* **Requirement**
Please reproduce, exactly and with nothing added, the line containing "Submit File Without Markings" and every line after it to the end of the records.

═════ Task input ═════

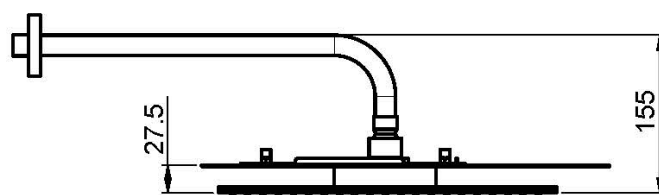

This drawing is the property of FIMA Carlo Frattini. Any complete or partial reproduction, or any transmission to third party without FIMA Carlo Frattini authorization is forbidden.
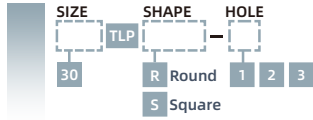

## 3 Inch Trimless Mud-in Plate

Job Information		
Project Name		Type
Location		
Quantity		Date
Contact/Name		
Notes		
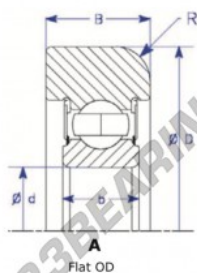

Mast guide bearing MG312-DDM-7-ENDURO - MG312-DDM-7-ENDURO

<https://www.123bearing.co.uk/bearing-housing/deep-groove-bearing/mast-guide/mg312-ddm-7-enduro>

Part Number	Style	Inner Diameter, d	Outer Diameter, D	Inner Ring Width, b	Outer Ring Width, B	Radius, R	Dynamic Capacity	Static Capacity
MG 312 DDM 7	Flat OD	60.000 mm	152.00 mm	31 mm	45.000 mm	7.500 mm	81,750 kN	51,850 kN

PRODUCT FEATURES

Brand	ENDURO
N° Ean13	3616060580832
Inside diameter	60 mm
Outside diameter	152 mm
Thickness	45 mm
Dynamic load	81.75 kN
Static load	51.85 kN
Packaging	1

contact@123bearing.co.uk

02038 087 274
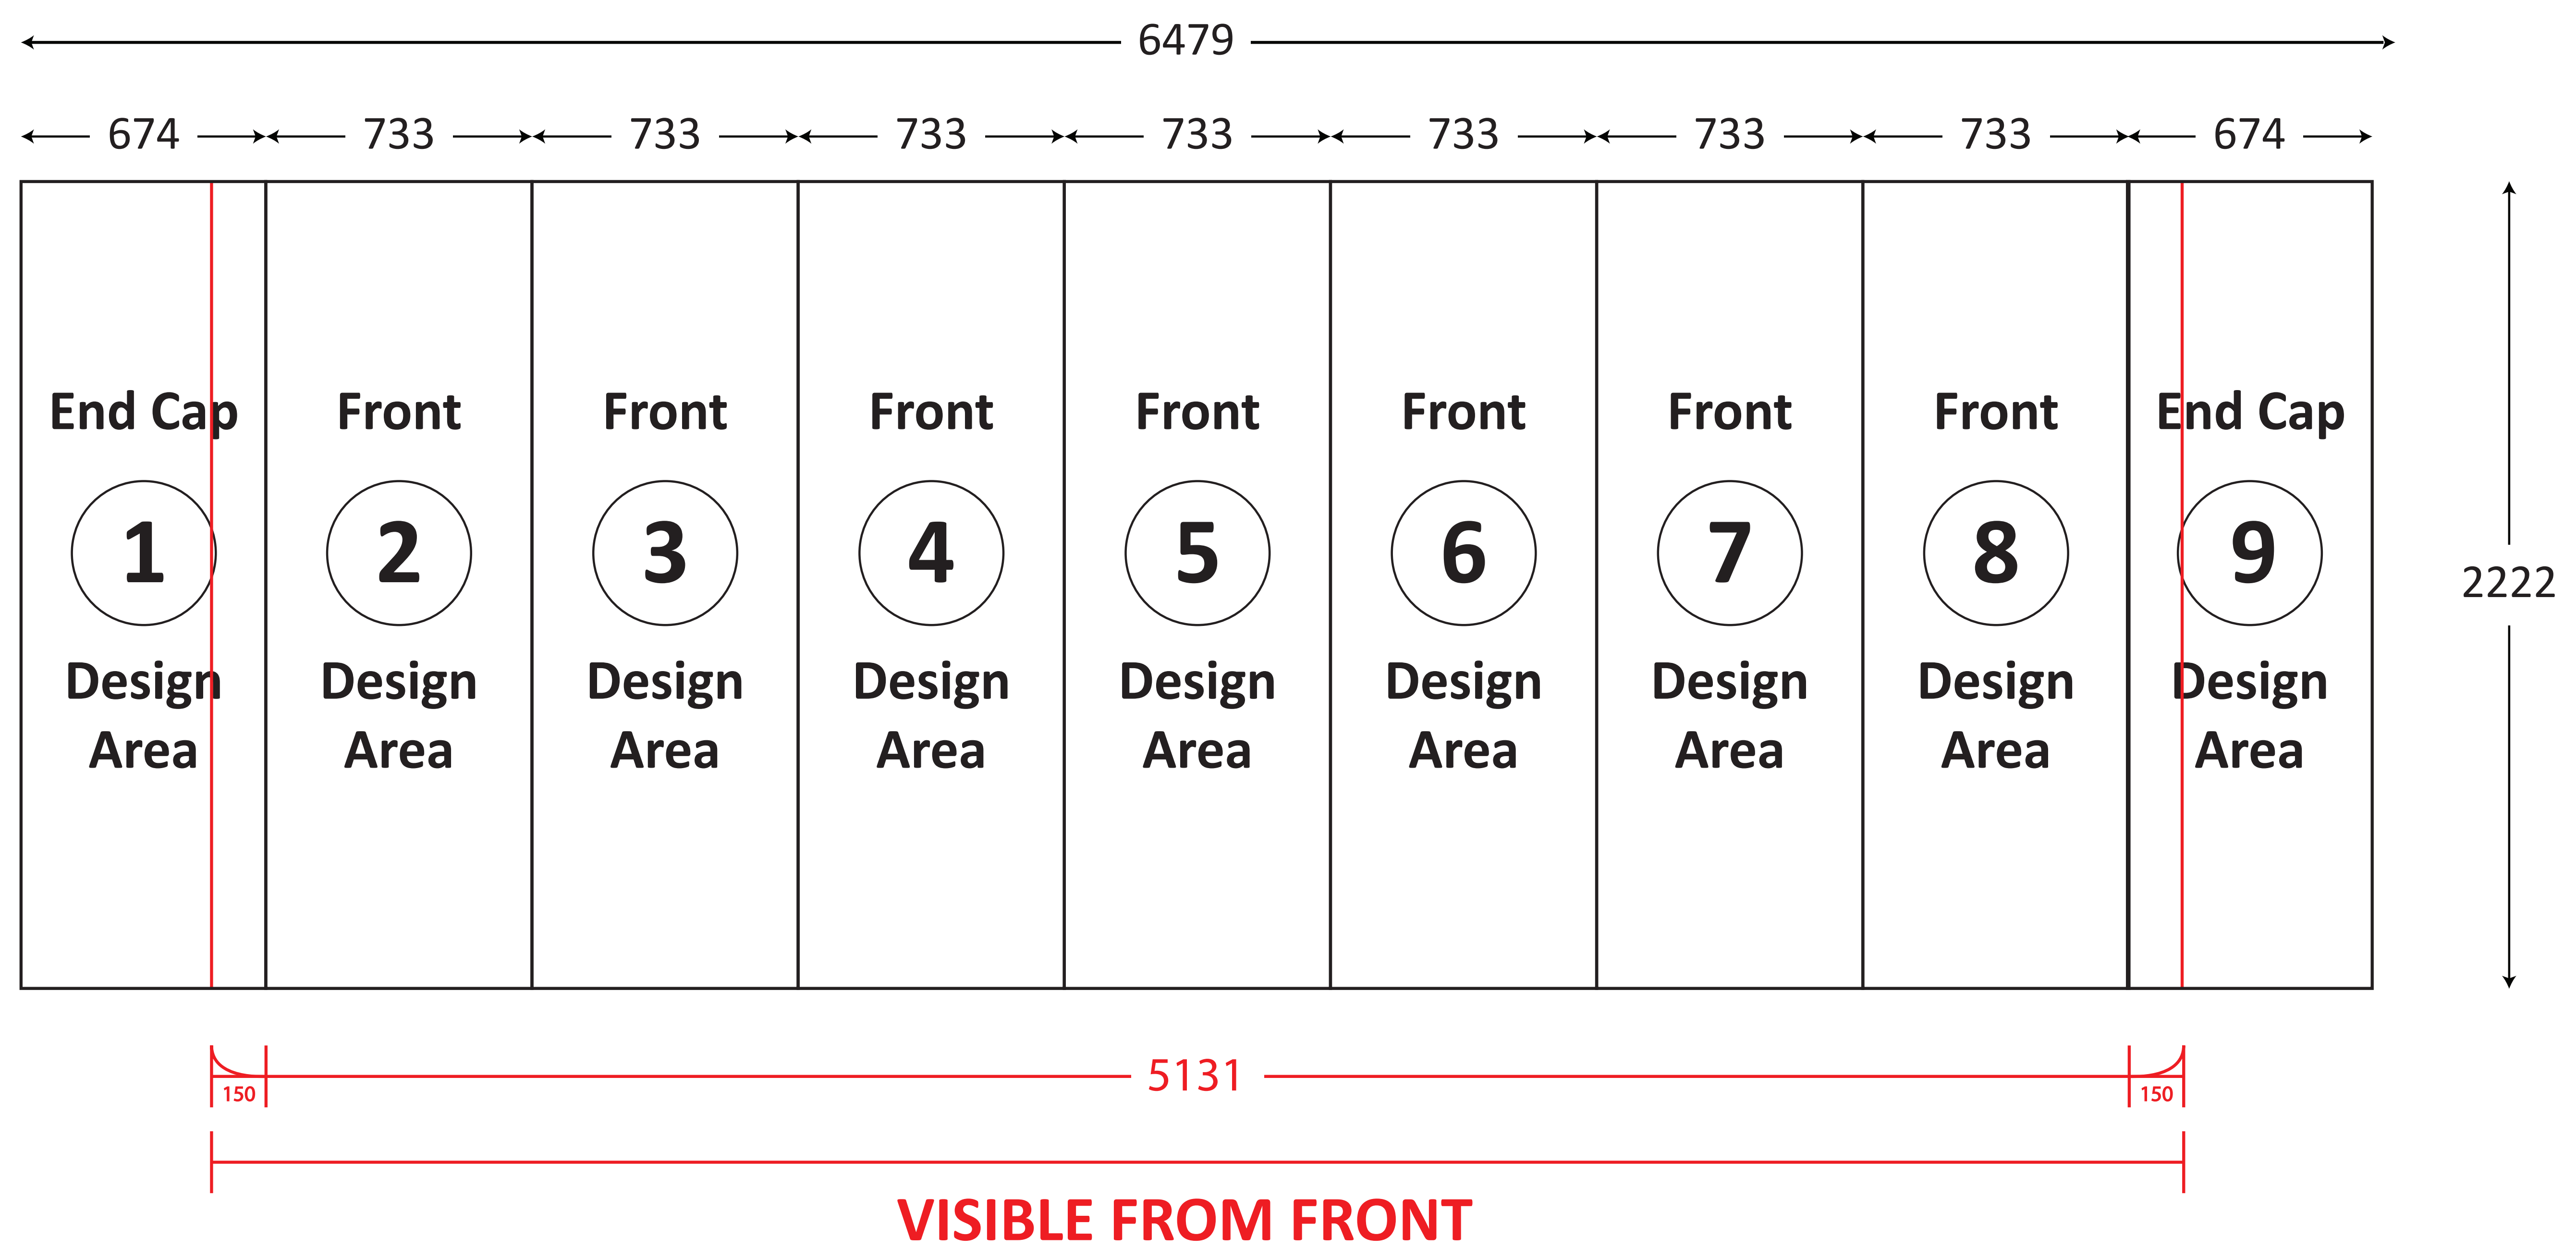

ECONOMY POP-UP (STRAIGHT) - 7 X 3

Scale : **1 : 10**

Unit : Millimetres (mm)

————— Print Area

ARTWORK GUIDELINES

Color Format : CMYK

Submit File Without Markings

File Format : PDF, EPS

═════

* **Output of the exercise**
Submit File Without Markings

File Format : PDF, EPS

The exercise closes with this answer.